LLM-as-a-Judge: This work acknowledges flaws like bias and prompt sensitivity, providing a paradigm for "treating judges as noisy labels with explicit error estimation" rather than avoiding them.
Prediction-Powered Inference (PPI): The most direct comparison—both use few clean + many dirty labels, but PPI treats the judge as a black box for power, while this work white-boxes the judge for interpretable certification. They are complementary.
Conformal Prediction / Classical Testing: The method is rooted in distribution-free finite-sample guarantees, bringing LLM certification into a rigorous statistical framework.

Rating¶

Novelty: ⭐⭐⭐⭐ — The first statistical framework to systematically handle "imperfect judges" for certification; the combination of proxy rewriting, variance correction, and adoption criteria is elegant and original.
Experimental Thoroughness: ⭐⭐⭐⭐ — Covers synthetic, classification, and generation settings with various pairings; theoretical results match experiments. However, model and dataset scales are relatively small/moderate.

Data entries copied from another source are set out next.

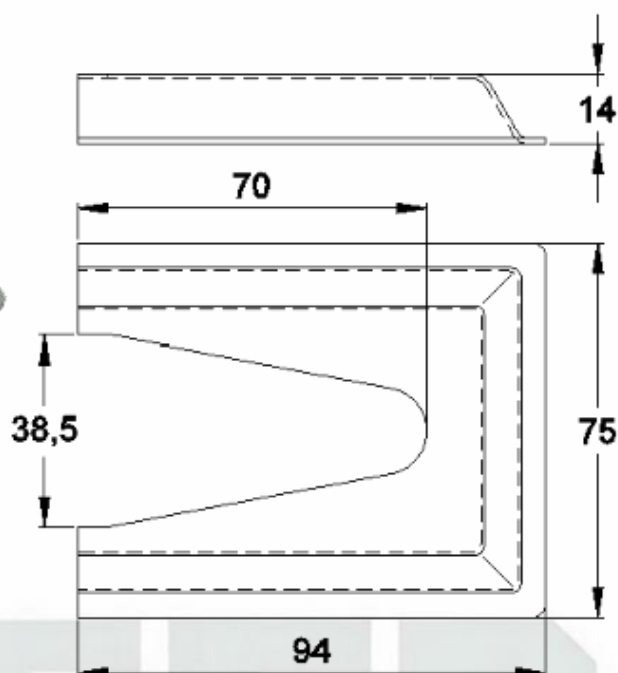

GRC.0500

CANOPLA ABERTA EM ALUMÍNIO

Código de Mercado: CAN-213A

Perfil de Encaixe: CG-213

Acabamento: Natural/Cores

Material: Alumínio

Líder em acessórios para Fachadas e Gradis

GRC.0510

CANOPLA ABERTA EM ALUMÍNIO

Código de Mercado: CAN-206A

Perfil de Encaixe: CG-206

Acabamento: Natural/Cores

Material: Alumínio

30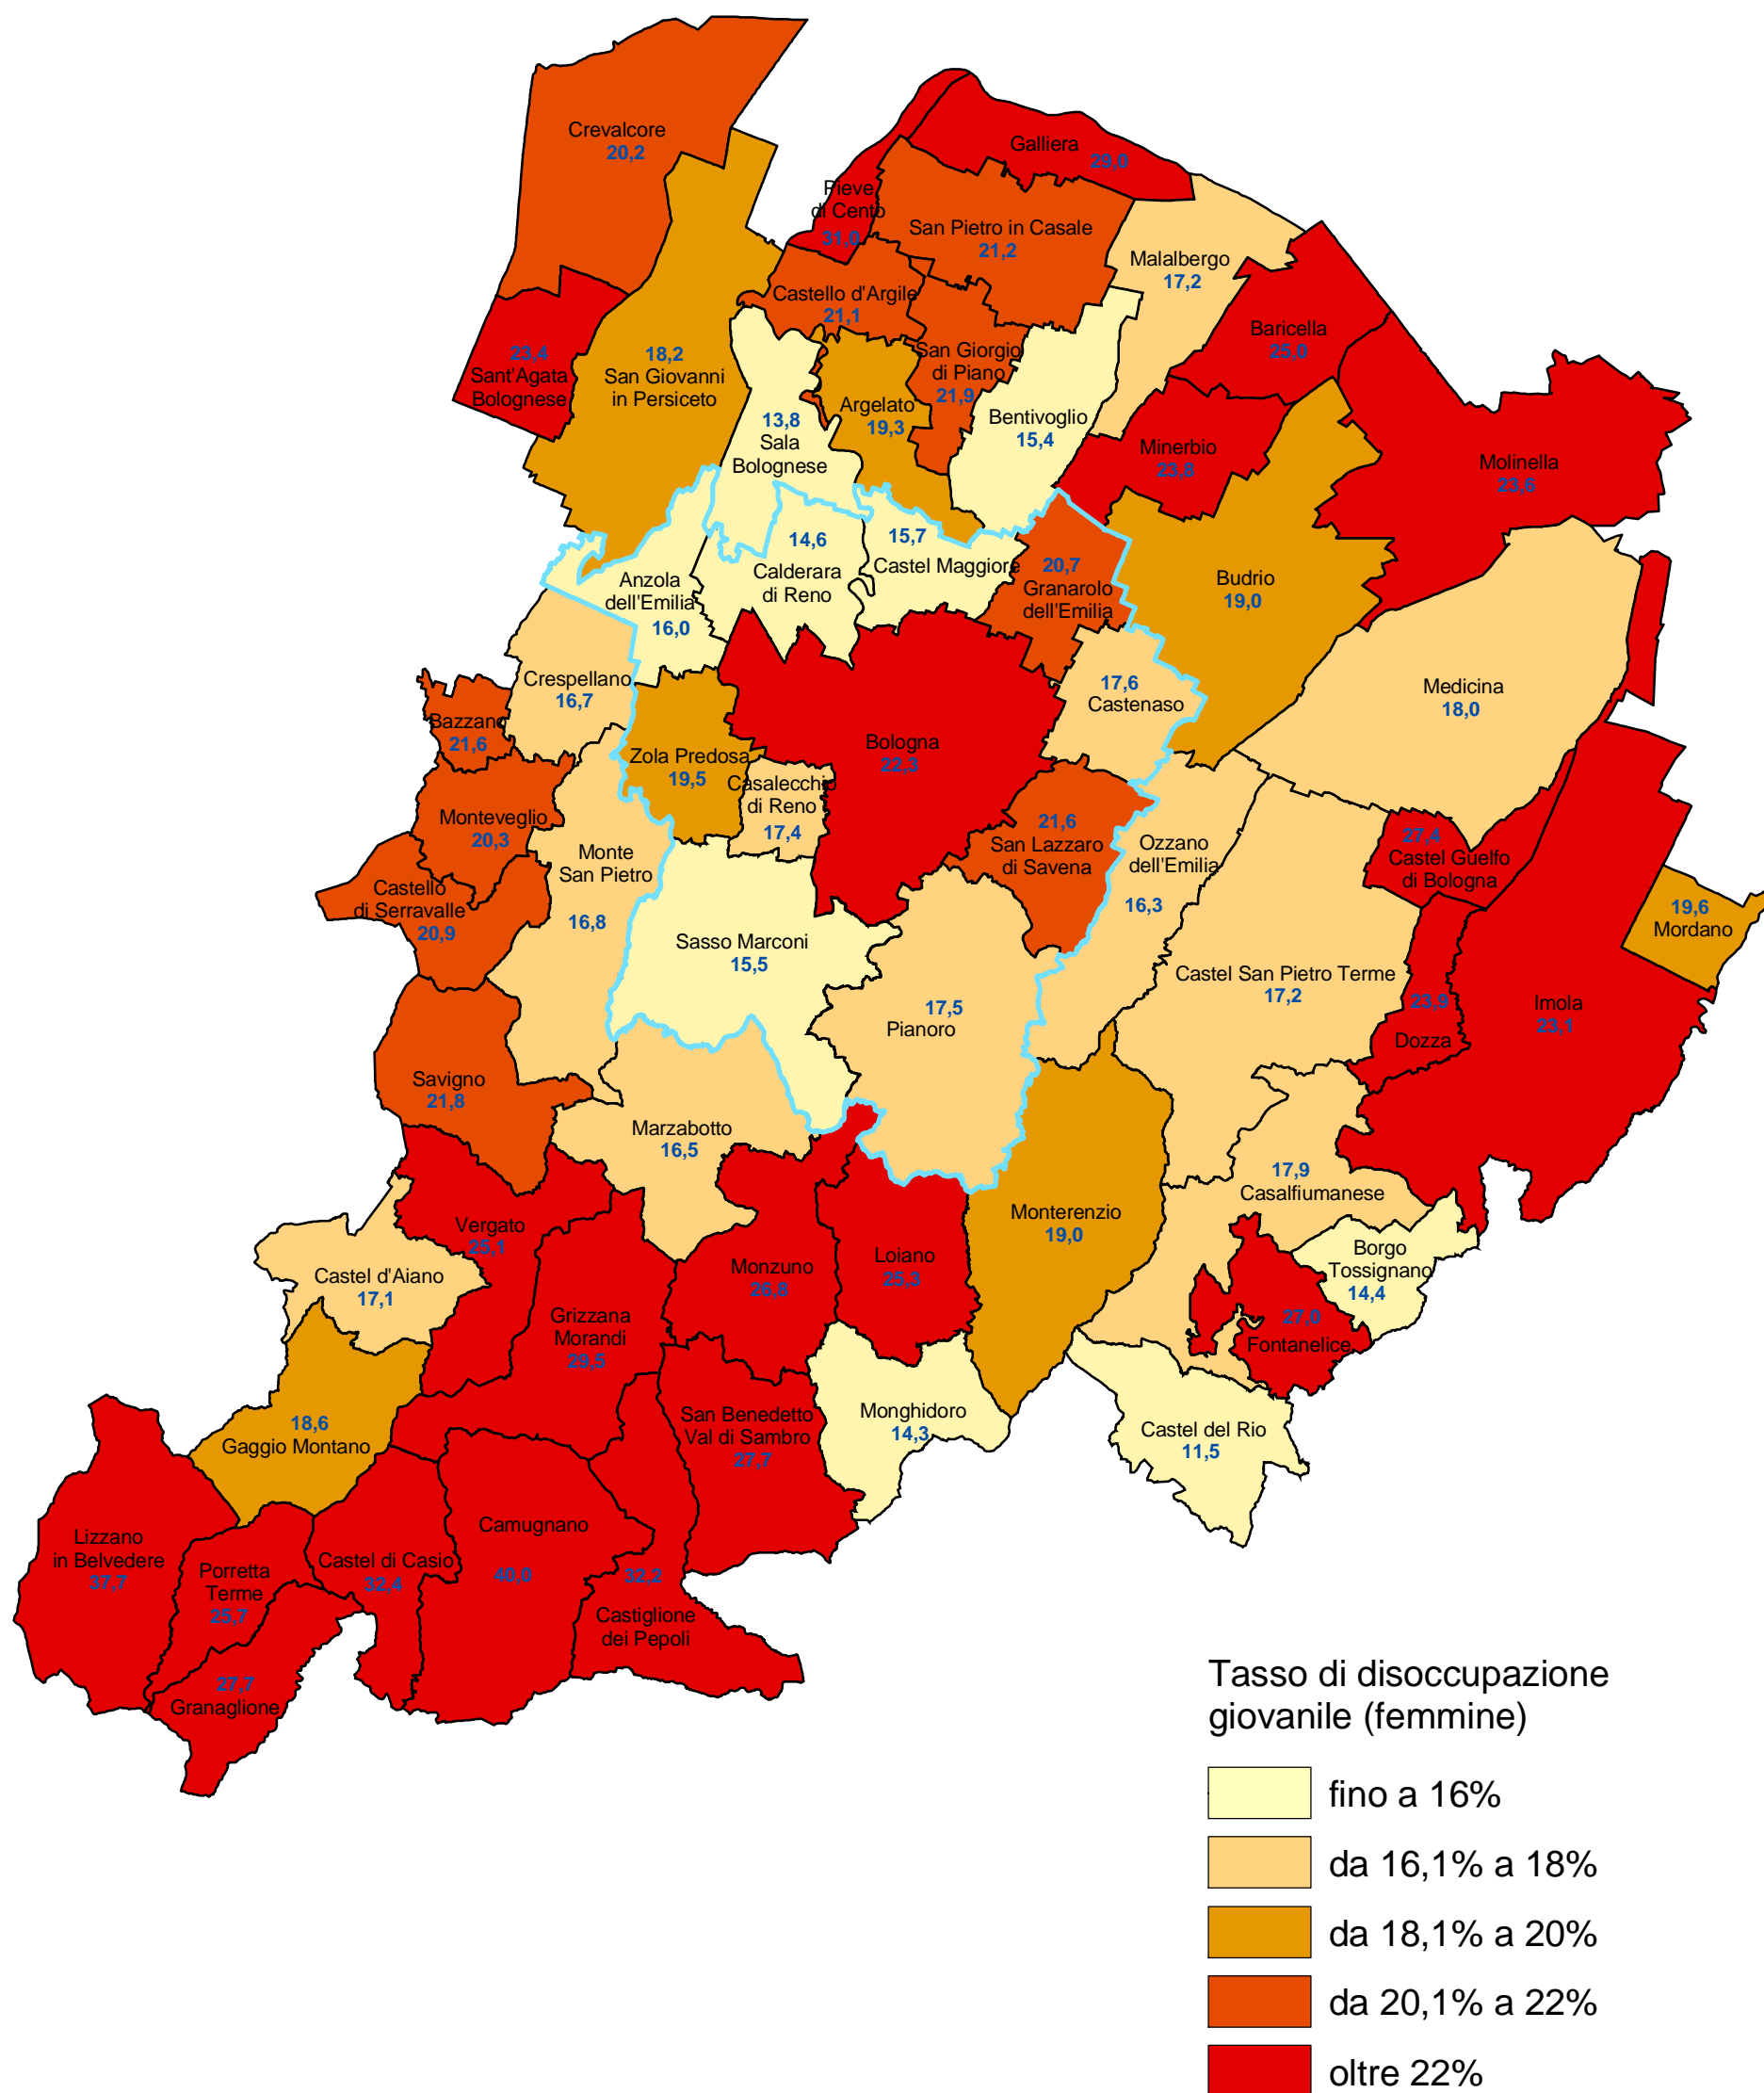

Provincia di Bologna

Tasso di disoccupazione giovanile femminile per comune (censimento 1991)

COMUNE DI BOLOGNA - Settore Programmazione Controlli e Statistica

Nel 1991 il tasso di disoccupazione giovanile femminile calcolato sulle forze di lavoro comprese tra 15 e 24 anni censite nella provincia di Bologna era pari al 21,0% (nel comune di Bologna 22,3%).

Writing Quality: ⭐⭐⭐⭐ — Motivations, theorem implications, and trade-offs with PPI are clearly explained, with "Implication" sections lowering the barrier for readers.
Value: ⭐⭐⭐⭐ — Provides a both rigorous and interpretable tool for safety-critical LLM certification, offering practical guidance for judge selection and sample size planning.